A few items on Web accessibility

Busy week or two.

  1. French-language sites in Quebec (“and Canada”) flunk accessibility specs. What a surprise!

  2. 89% of 408 California municipal Web sites surveyed flunked Priority 1 (in automated testing). 75 were manually tested, also with poor results, though the report goes into no detail at all on that point. (In fact, it’s only mentioned on the blog [other entry].) And the actual report is, of course, in a PDF (tagged, with three minor access errors).

  3. Why the ‘statistics defence’ doesn’t stand up:

    The case against accommodating Netscape 4 users is invariably backed up with statistics about how few people now use this admittedly-flawed browser. I’ve heard “the statistics defence”… so often over the years that this latest evocation prompted me to think about why I don’t agree with this approach. [...]

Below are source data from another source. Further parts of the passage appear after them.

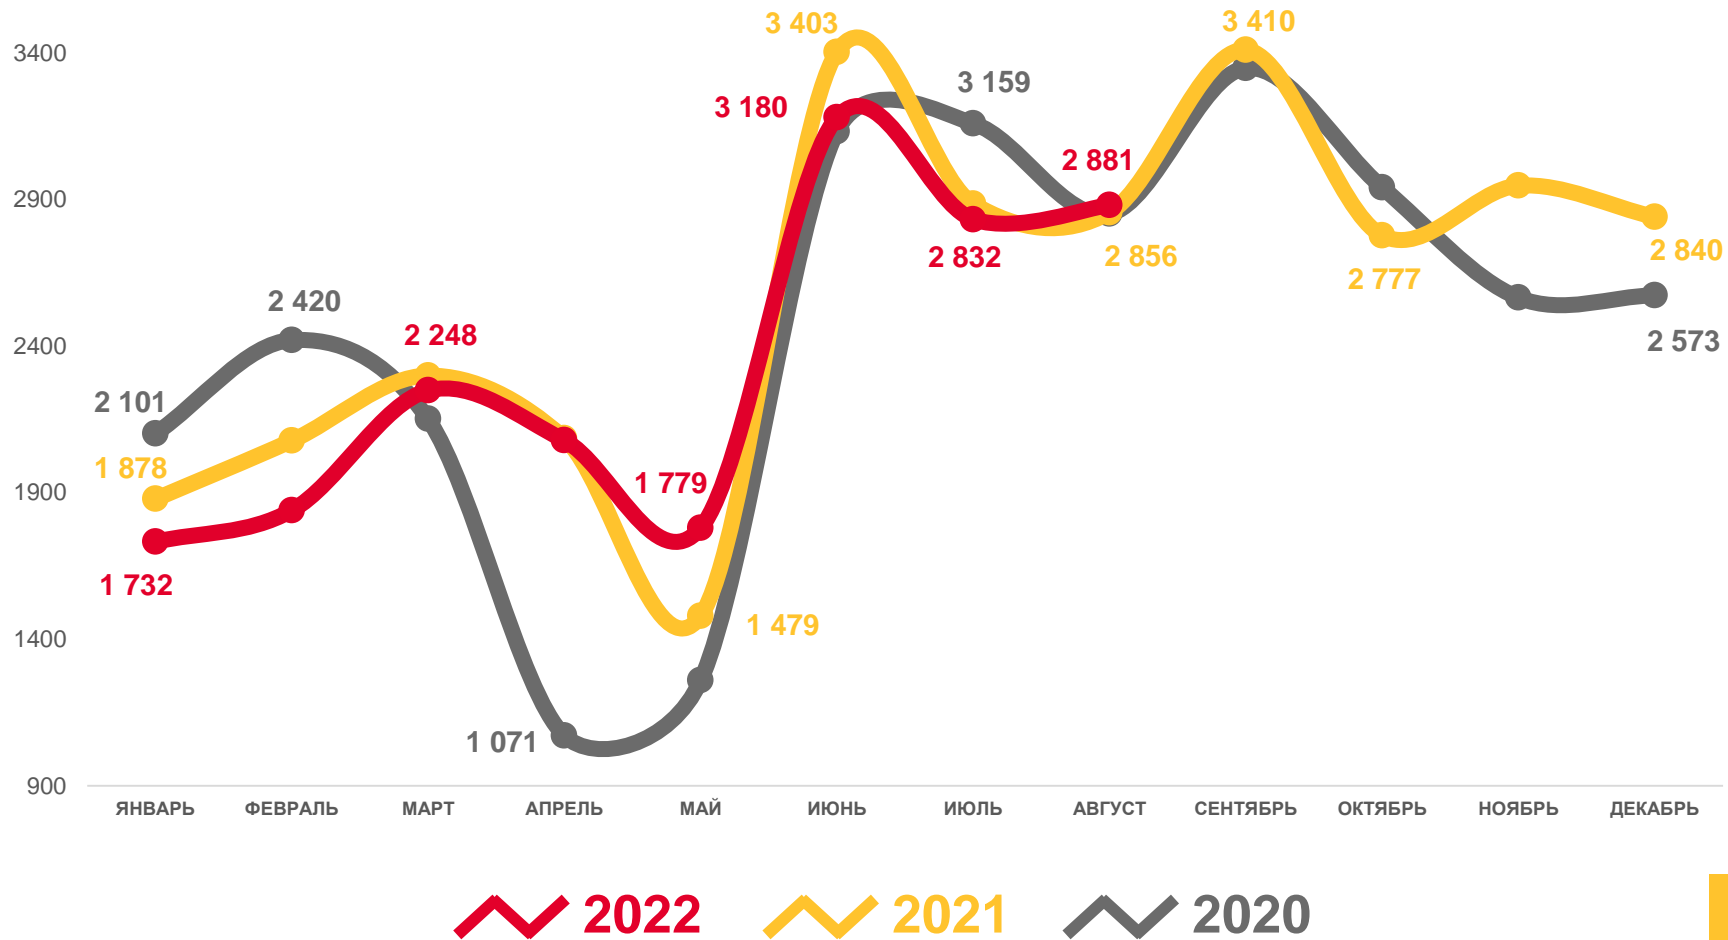

ОБЩИЕ ИТОГИ МИГРАЦИИ НАСЕЛЕНИЯ СМОЛЕНСКОЙ ОБЛАСТИ

ЧЕЛОВЕК

2022 ГОД

январь – август 2022 года

ПРИБЫВШИХ

18 569

ВЫБЫВШИХ

22 148

МИГРАЦИОННАЯ УБЫЛЬ

-3 579

ЧИСЛО ПРИБЫВШИХ ЧЕЛОВЕК

2022 ГОД

январь – август 2022 года

ЧЕЛОВЕК

18 569

В РАСЧЁТЕ НА 1000 ЧЕЛ.

30,8

ЧИСЛО ВЫБЫВШИХ

ЧЕЛОВЕК

2022 ГОД

январь – август 2022 года

ЧЕЛОВЕК

22 148

В РАСЧЁТЕ НА 1000 ЧЕЛ.

-5,9

НАПРАВЛЕНИЯ МИГРАЦИИ

ЯНВАРЬ - АВГУСТ; ЧЕЛОВЕК

МИГРАЦИОННАЯ УБЫЛЬ (-)
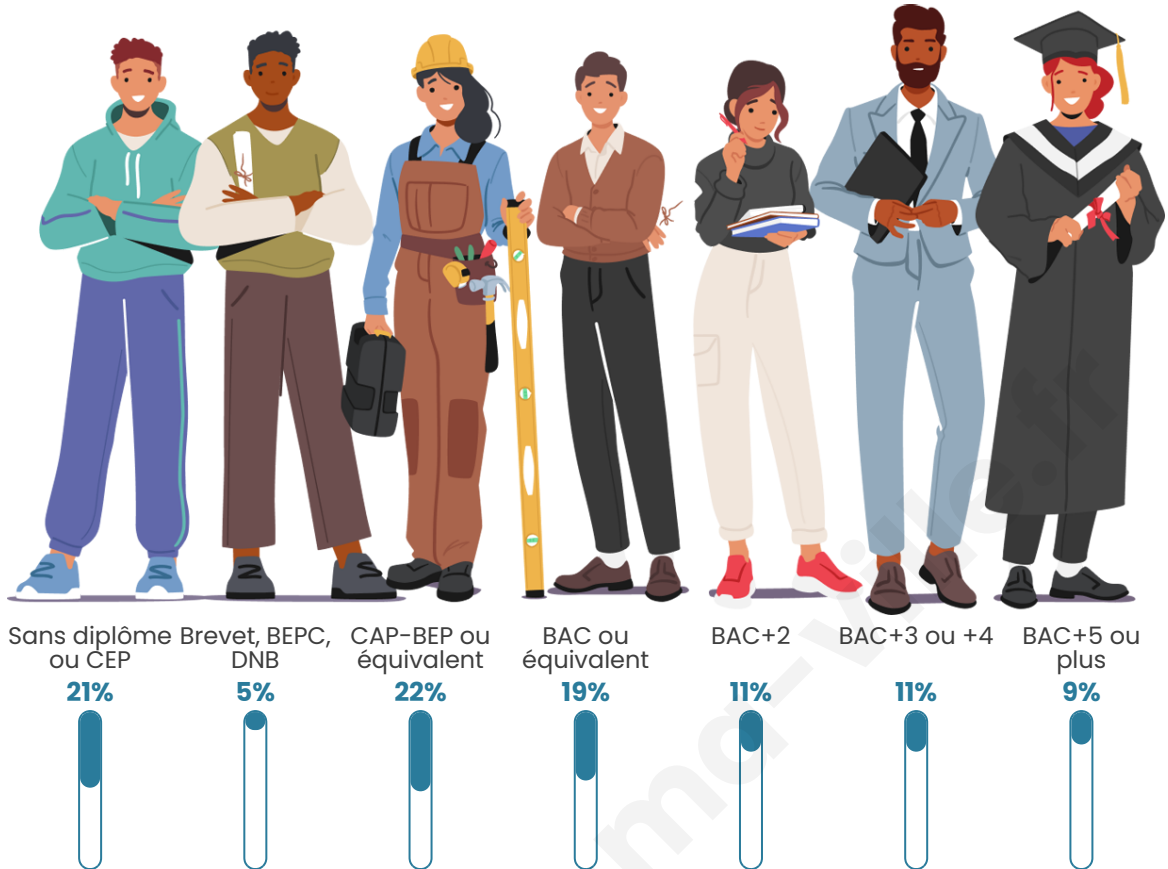

444

Age moyen

46 ans

Pop active

52.9%

Taux chômage

6.4%

Pop densité

Tranche d'âge

Activité professionnelle

Niveau de diplôme

Composition des ménages

Profils électoraux

Premier tour

	Éric ZEMMOUR	39.39 %
	Jean-Luc MÉLENCHON	19.39 %
	Marine LE PEN	13.64 %
	Emmanuel MACRON	13.33 %
	Jean LASSALLE	4.85 %
	Valérie PÉCRESSE	2.73 %
	Fabien ROUSSEL	2.12 %
	Yannick JADOT	1.82 %
	Anne HIDALGO	1.52 %
	Nicolas DUPONT-AIGNAN	1.21 %
	Nathalie ARTHAUD	0.00 %
	Philippe POUTOU	0.00 %

    We can’t argue that we won’t accommodate disabled students because they only make up a small percentage of the student population. Equally we shouldn’t argue that we won’t accommodate users with particular browsers because they are part of a minority. In relation to the particular case of Netscape 4, it is legitimate to ask users to upgrade so that they get both the content and the good design – but not legitimate to argue that they won’t get the content if they don’t upgrade.

    This is a non-starter, really. Disabled people can’t stop being disabled (save for rare cases); anyone using Netscape 4 can upgrade. That browser is hideously broken and outdated and is a thing; we can shun it if we want. We can’t do that to people.

    Besides, any competent standards-compliant designer knows you can use @import to hide stylesheets from Netscape 4 so that a page works adequately in that cœlecanth of a browser and very well elsewhere.

  4. MC May Techno Dance Remix:

    Netscape 2.0 introduced both frames, added in HTML 4.0, and JavaScript, which for the first time allowed client-side forms validation, and later meant the death of us all. CSS, introduced in Internet Explorer 3 and refined over the next seven years, allowed pixel-level control over the display, causing unreadable documents to become the norm, and further blurring the line between Web page and application.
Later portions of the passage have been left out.